Magdalene.org: Do you consider your series of Mary Magdalene paintings a “project,” or is it more of an impulse that will be on-going for an indefinite period of time? In other words, will we be seeing many more Mary Magdalene paintings by Tanya Torres?
Tanya: I have been painting Mary Magdalenes for almost 9 years now. I feel that this is something I will be doing for the rest of my life. Although my exhibition Song of the Magdalene was presented as part of a larger project in 2010, painting Mary Magdalene represents much more than a temporary task for me. When I paint Mary Magdalene I feel connected to the aspect of divinity that I feel she represents. Mary Magdalene helps me connect to the world of Spirit, as well as helps me communicate with the “real” world. It has been interesting to see how people who are agnostics or even atheists respond with enthusiasm to the Magdalene. It is as if, through her image, many people like myself are able to connect to spiritual ideas without feeling we are giving up on our ideals. Perhaps it is because for so many years she was thought to be a sinner, that all of us feel she is not going to judge us! In this way, painting Mary Magdalene is liberating. She is the one saint to whom people are willing to open their hearts without fear.
Magdalene.org: One of the things that I find so stunning about your Mary Magdalene paintings is that there are common themes in all of them. For example, her red robes, the golden light behind her, the dove. You’ve addressed this on your blog, but can you talk a little bit more about the core elements of a Mary Magdalene painting versus the unique elements that define them?
Tanya: All the paintings contain both references to traditional and personal iconography, and the fusion of both. There are several elements that I always use to create a Mary Magdalene. I usually paint her wearing a red robe or veil, for which I use all the reds I have. There are layers of different reds and combinations of shades and tints of red in each of the paintings. Red is one of the traditional iconographical references I use in my Magdalenes.

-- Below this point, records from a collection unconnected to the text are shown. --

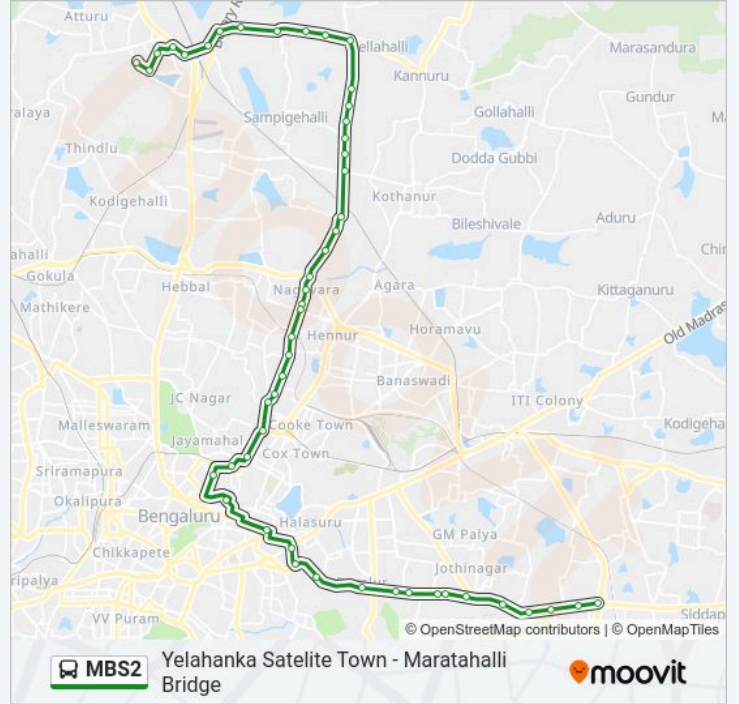

Rajarajeshwari Talkies

H.A.L.Main Gate

Helicopter Division

H.A.L.Kalyana Mantapa

Yamalur Cross

Marathahalli

Marathahalli Bridge

**Direction: Yelahanka Satelite Town**

47 stops

[VIEW LINE SCHEDULE](#)

**MBS2 bus Time Schedule**

Yelahanka Satelite Town Route Timetable:

Sunday

09:15 - 16:00

Marathahalli Bridge

Marathahalli

She also has her red hair, often showing a curl coming out of the veil, a traditional allusion to her being a prostitute that I use mostly because I like painting hair and curls, and also to indicate that she is the Magdalene. Behind her is a halo, always in pure and bright yellows blending all the way too white. I usually don’t like to use gold like the traditional halos, but prefer yellow. I see this yellow disk as the sun in our reality and as the light of God in spiritual reality. She exists between the two, able to come through when we call upon her. I often place a dove, representing the Holy Spirit. This is how traditional iconographers represent the Holy Spirit, but to me, it is more about communion with nature and the holiness and interconnection of all life. I am always fascinated by stories of ancient and modern saints being able to communicate with animals. Both the Holy Spirit and Mary Magdalene are connected to the idea of Sophia, or Holy Wisdom. Margaret Starbird provides an interesting explanation about the use of gematria and the name of the Magdalene, and how it connects her to Sophia and explains Mary Magdalene’s high status in the early Church. In my mind, the Holy Spirit is very much a part of Mary Magdalene, in a way she is the Holy Spirit. She is the one who guides me in that way that the Holy Spirit guides people.

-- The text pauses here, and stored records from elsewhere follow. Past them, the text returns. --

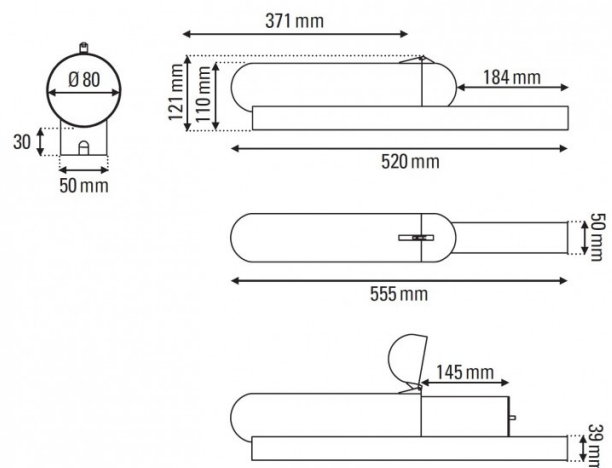

The ISP table light is made from a beautiful brass capsule that holds the LED light source inside, sat atop a black marble or white marble base. The table lamp is switched on as the user opens the capsule and pulls out the light, being a mechanical marvel that will wow and amaze. The ISP can be used in many spaces to provide a welcoming and useful illumination and will be a talking point in the room. Contemporary and yet timeless, a true jewel of lighting design.

PRODUCT SPECIFICATION

- Light Source:** 8W, 2700K, 800 lumens
- IP Code:** 20
- Dimming:** Non-dimmable, pull and push on/off mechanism
- Dimensions:**
 - Ø8cm capsule
 - 55.5 cm full length
 - 5cm base width
 - 12.1cm height
 - 150cm cable length

When I started painting Mary Magdalenes, I used the things I learned from Margaret Starbird’s books and from conversations with a friend who is a Gnostic, as well as many books and articles. But I also combined these ideas with my own previous work. The first Magdalene I painted is a nursing mother, like the images in my other paintings. The second is more about the face, about creating an iconic image that speaks to that which unites us all as human beings, a theme I had touched on before by painting The Four Daughters of Eve.

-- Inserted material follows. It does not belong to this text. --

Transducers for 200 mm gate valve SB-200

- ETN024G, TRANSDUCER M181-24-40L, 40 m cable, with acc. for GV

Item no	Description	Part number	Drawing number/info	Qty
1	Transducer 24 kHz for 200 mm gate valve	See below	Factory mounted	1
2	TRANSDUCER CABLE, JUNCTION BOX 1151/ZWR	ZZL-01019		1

The third Magdalene is about communion with nature. Mary Magdalene is surrounded by flowers and empty branches, life and death. After that, I began to refer to the things that people traditionally associate with Mary Magdalene: Jesus Christ casting seven demons out of her, the alabaster jar, flowers (because she is the saint of gardeners and perfumers), the Holy Spirit (although this reference had already appeared before). Then I started expressing the ideas that Mary Magdalene had evoked in me: a desire for wisdom, the idea of creating peace through art-making, the desire to heal my perception of reality. These ideas have become very important to me because I feel that this is what the Magdalene has been teaching me ever since I started painting her.